§ PROBLEM DESCRIPTION
Lines holding the string "royal" are the ones to copy; find them all in the data.

Data excerpts:
※ ※ ※
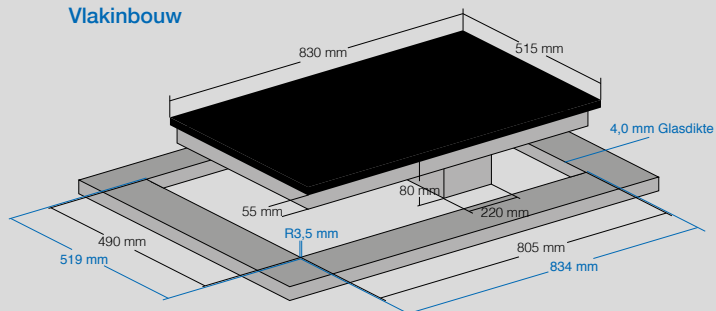

Aansluitwaarde

- Spanning AC 220/240 V
- Vermogen 7,4 kW

GLASPLAAT MAT ZWART

Opbouw

Vlakinbouw

Artikelnummer

IG 8.3 SPACE G5

Omschrijving
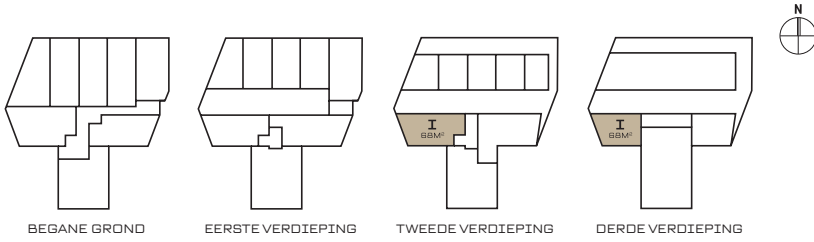

# EENLAAGS VILLA-APPARTEMENT TYPE I

WOONOPP. CA. 54 M<sup>2</sup>

'S GRAVENWEG

12951

TWEEDE VERDIEPING

9608

DAK VERDIEPING
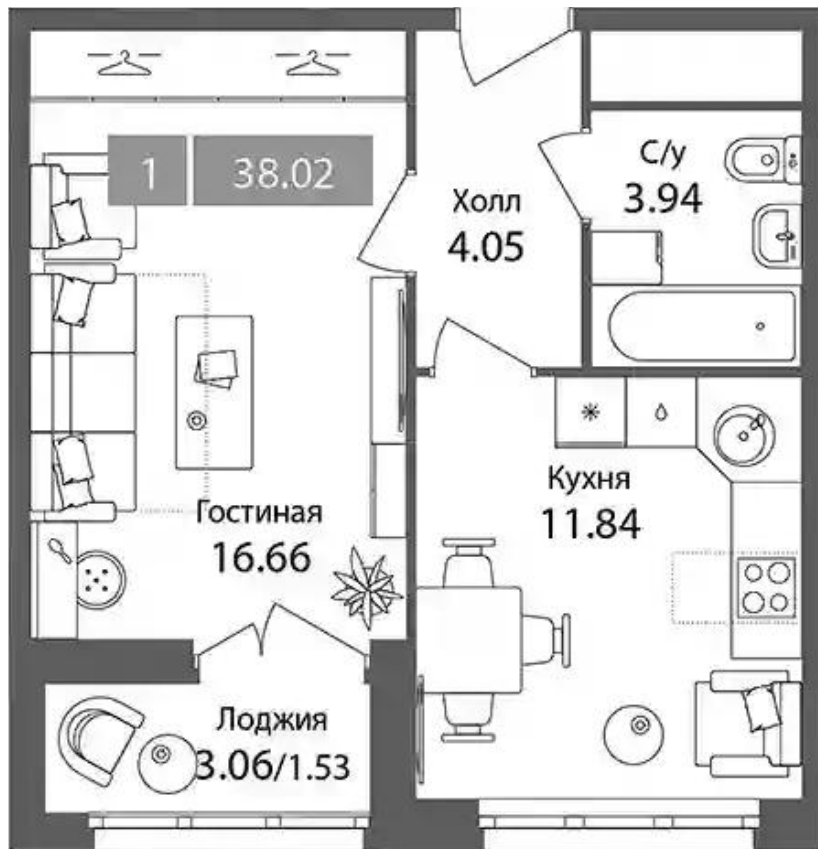

Жилой комплекс: **Планерный квартал**
Год постройки: **2025**

Корпус ЖК: **Корпус 4/2**
Квартал сдачи: **3**

Химкинская
больница

травмотомическое
отделение

Кур

Молодёжная ул.

Молодёжная ул.

МКР. 26

Trim

Ш.

Планировки

1-к.квартира 36.49 м², 1/7 эт.

от ₹ 11 379 863

Количество комнат	1
Общая площадь	36.49 м ²
Стоимость за м ²	₹ 311 863
Жилая площадь	16.66 м ²
Площадь кухни	11.84 м ²
Этаж	1
Высота потолков	3 м
Тип санузла	Совмещенный
Этажность	7
Отделка	Без отделки

Планировки

1-к.квартира 35.44 м², 2/7 эт.

от ₹ 11 493 753

Количество комнат	1
Общая площадь	35.44 м ²
Стоимость за м ²	₹ 324 316
Жилая площадь	15.67 м ²
Площадь кухни	11.81 м ²
Этаж	2
Высота потолков	3 м
Тип санузла	Совмещенный
Этажность	7
Отделка	Без отделки

Планировки

2-к.квартира 61.82 м², 2/7 эт.

от **₽ 19 821 632**

Количество комнат	2
Общая площадь	61.82 м²
Стоимость за м²	₽ 320 635
Жилая площадь	32.02 м²
Площадь кухни	12.19 м²
Этаж	2
Высота потолков	3 м
Тип санузла	3
Этажность	7
Отделка	Без отделки
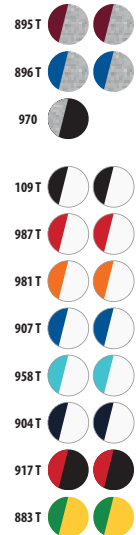

JERSEY 150

100% algodón semi-peinado

Ringspun

♂		S	M	L	XL	XXL	3XL
	A/B	64/47	67/50	70/53	73/56	76/59	79/62
		12 KG		54 X 36 X 32 CM			
		10	100				

jaspeados

CÓDIGOS COLORES SOLO Group

109 Blanco / Negro	536 Camuflaje azul	879 Blanco / Multicolor	896 Gris mezcla / Azul royal ⁽²⁾	917 Negro / Rojo	970 Negro / Gris mezcla ⁽³⁾	987 Blanco / Rojo
521 Camuflaje gris	877 Real / Verde prado	883 Amarillo / Verde Pradera	904 Blanco / Azul marino	958 Blanco / Azul atolón	981 Blanco / Naranja	
534 French Marino / Azul royal	878 Negro profundo / Multicolor	895 Gris mezcla / Burdeos ⁽¹⁾	907 Blanco / Azul royal	964 Blanco / Verde pradera	986 Camo	
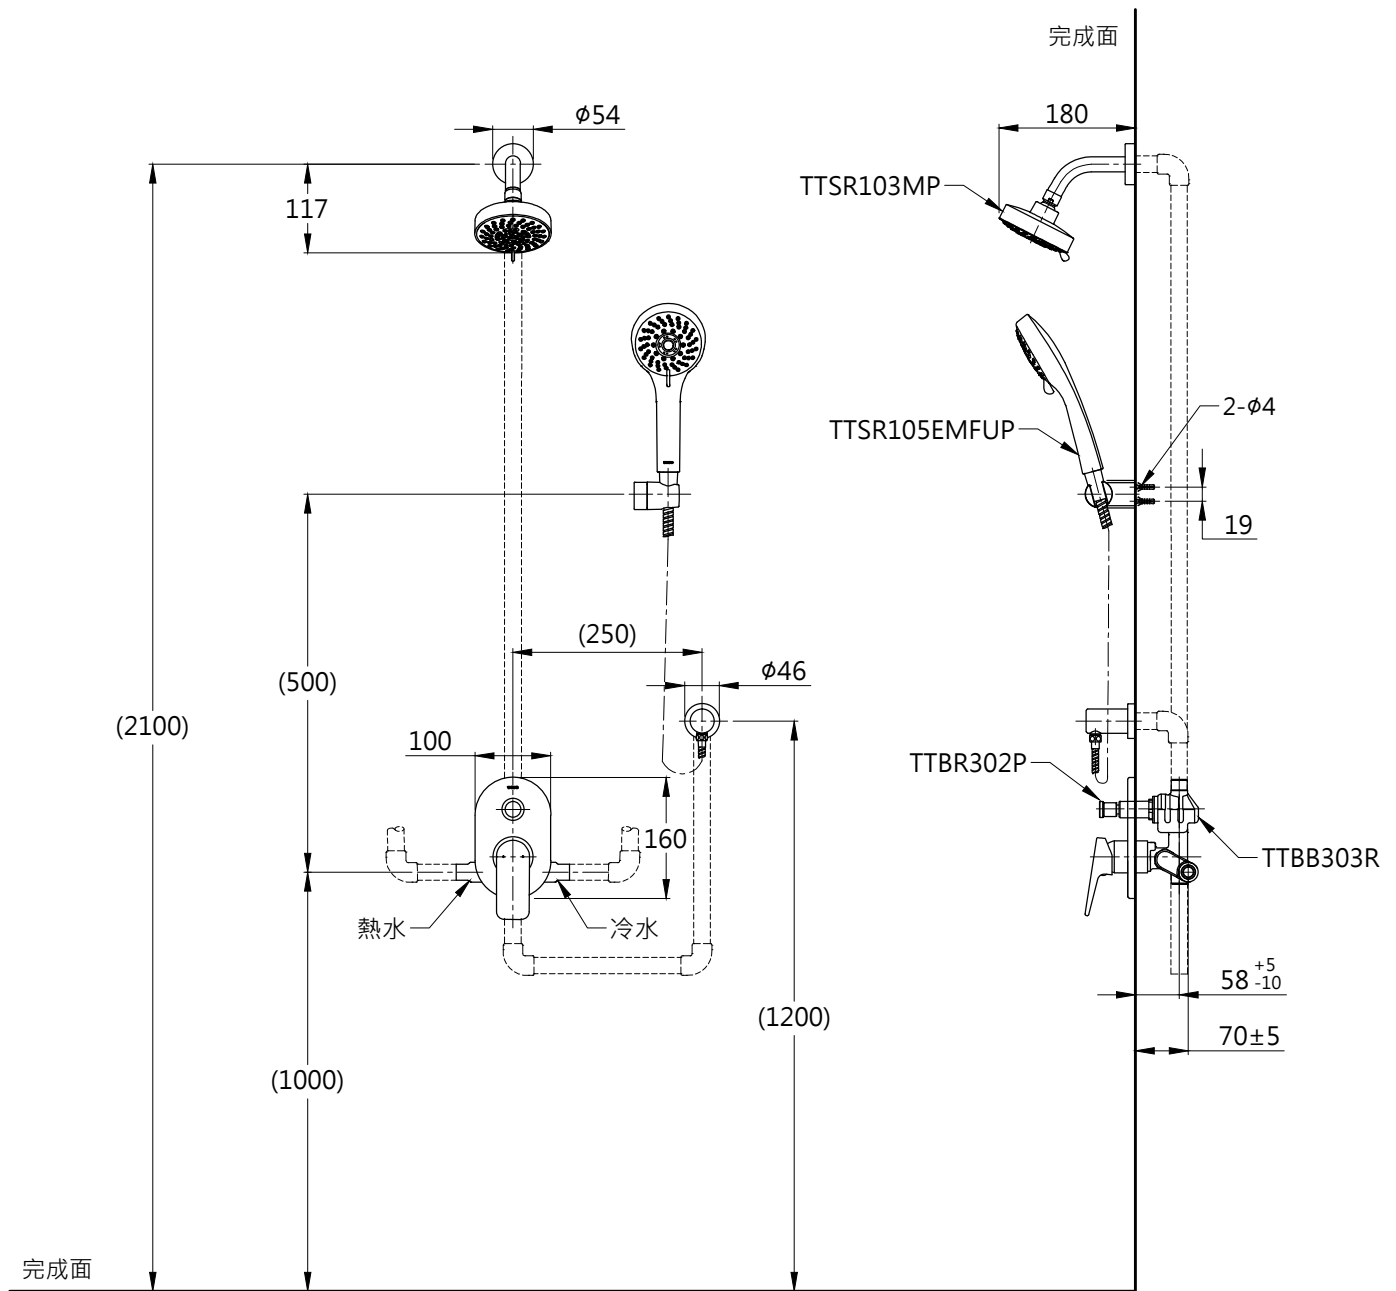

器具明細表		
品番	品名	數量
TTBB303R	開關閥本體	1
TTBR302P	開關閥面板	1
TTSR105EMFUP	蓮蓬頭	1
TTSR103MP	花灑	1

安裝注意事項:

1. 花灑高度，建議以最高使用者身高加 200mm。
2. () 內尺寸可依需求作調整。
3. 商品配管尺寸皆為 G1/2。

TOTO		圖面比例 1:1	產品名稱 REI SQUARE 埋壁淋浴組一	產品 構成	型號	名稱
		出圖比例 1:10				
作成日期 第1版 2015.01.24	修改日期 第2版 2021.09.28	圖紙大小 A4	產品型號	TTSR103MP/TTSR105EMFUP TTBR302P/TTBB303R		
製圖 蔡宛知	檢圖 劉俊良	單位 mm	審核 平野			
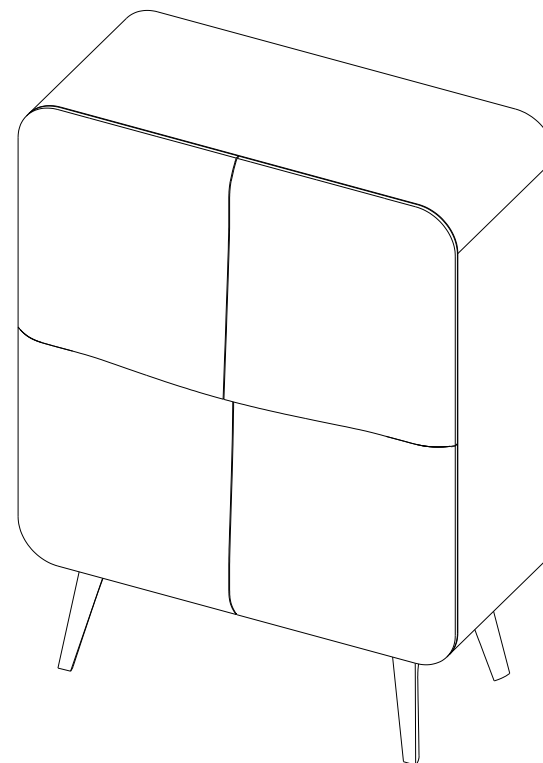

P.WS.AP011 – Sideboard 4 doors – L 86.6" H 31.1" P 20.9"

Structure in defibrated oak veneer on MDF, 4 doors with soft closing, 2 fixed shelves in defibrated oak veneer on MDF, LED lighting with remote. Base in solid defibrated oak.

Collection WHISPER

design Sacha Lakic

rochebobois
PARIS

Vaisselle – China unit – Vajillero

Collection WHISPER

design Sacha Lakic

rochebobois
PARIS

P.WS.AR011 – Vaisselier 2 portes – L 110 H 145 P 54 cm

Structure en panneaux de fibres de moyenne densité plaqué chêne défibré, 2 portes avec amortisseur, 1 étagère fixe en panneaux de fibres de moyenne densité plaqué chêne défibré, 2 étagères verre trempé amovibles (taquets), éclairage LED avec télécommande, piétement chêne massif défibré.
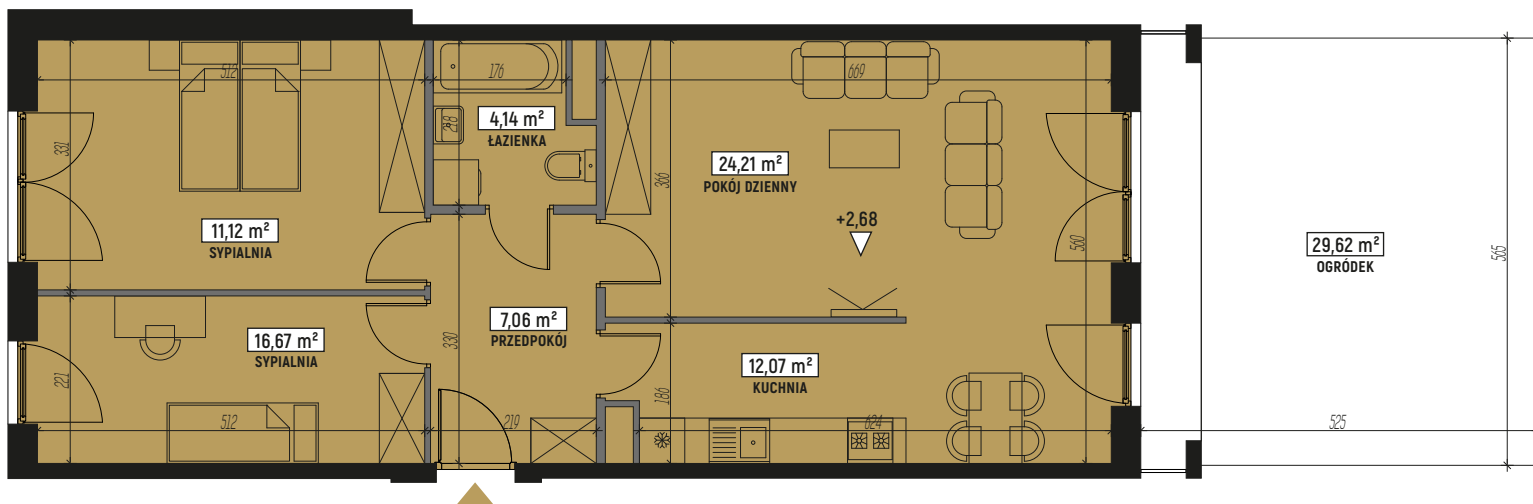

RZUT MIESZKANIA:

LOKALIZACJA MIESZKANIA:

LEGENDA:

	ściany konstrukcyjne		pralka
	ściany działowe		televizor
	wejście do mieszkania		kanapa
	szafa/garderoba		wanna
	stół		umywalka
	krzesło		wc
	płyta kuchenna		łóżko
	łodówka		
	zlewozmywak		

SKALA: 1:100
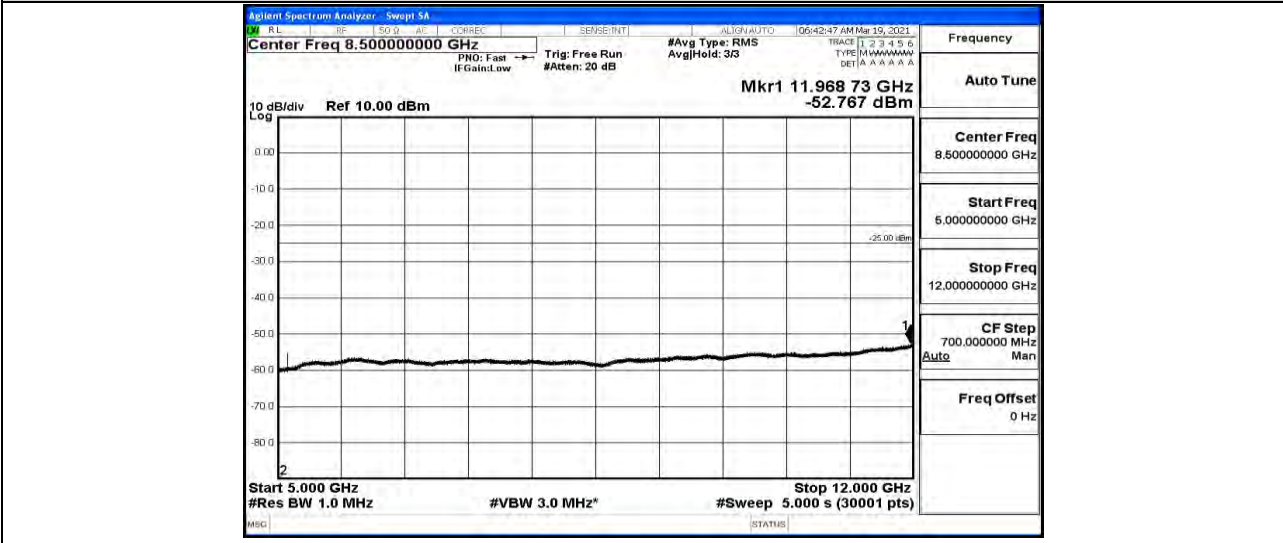

Band41-20MHz-16QAM-L-1RB#0-Range5:5000~12000MHz

Band41-20MHz-16QAM-L-1RB#0-Range6:12000~26500MHz
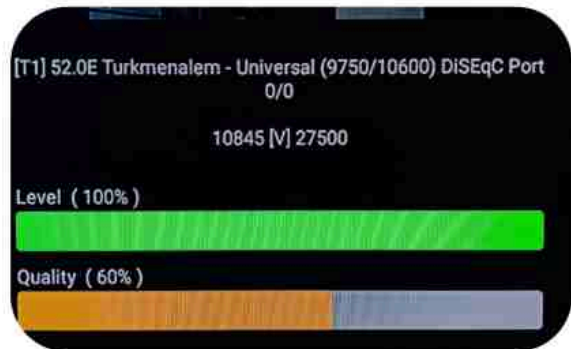

Iran/Shiraz: 09am

GMT : 05:30am

Dubai : 09:30am
※ ※ ※
§ TASK OUTPUT
109 Blanco / Negro	536 Camuflaje azul	879 Blanco / Multicolor	896 Gris mezcla / Azul royal ⁽²⁾	917 Negro / Rojo	970 Negro / Gris mezcla ⁽³⁾	987 Blanco / Rojo
534 French Marino / Azul royal	878 Negro profundo / Multicolor	895 Gris mezcla / Burdeos ⁽¹⁾	907 Blanco / Azul royal	964 Blanco / Verde pradera	986 Camo	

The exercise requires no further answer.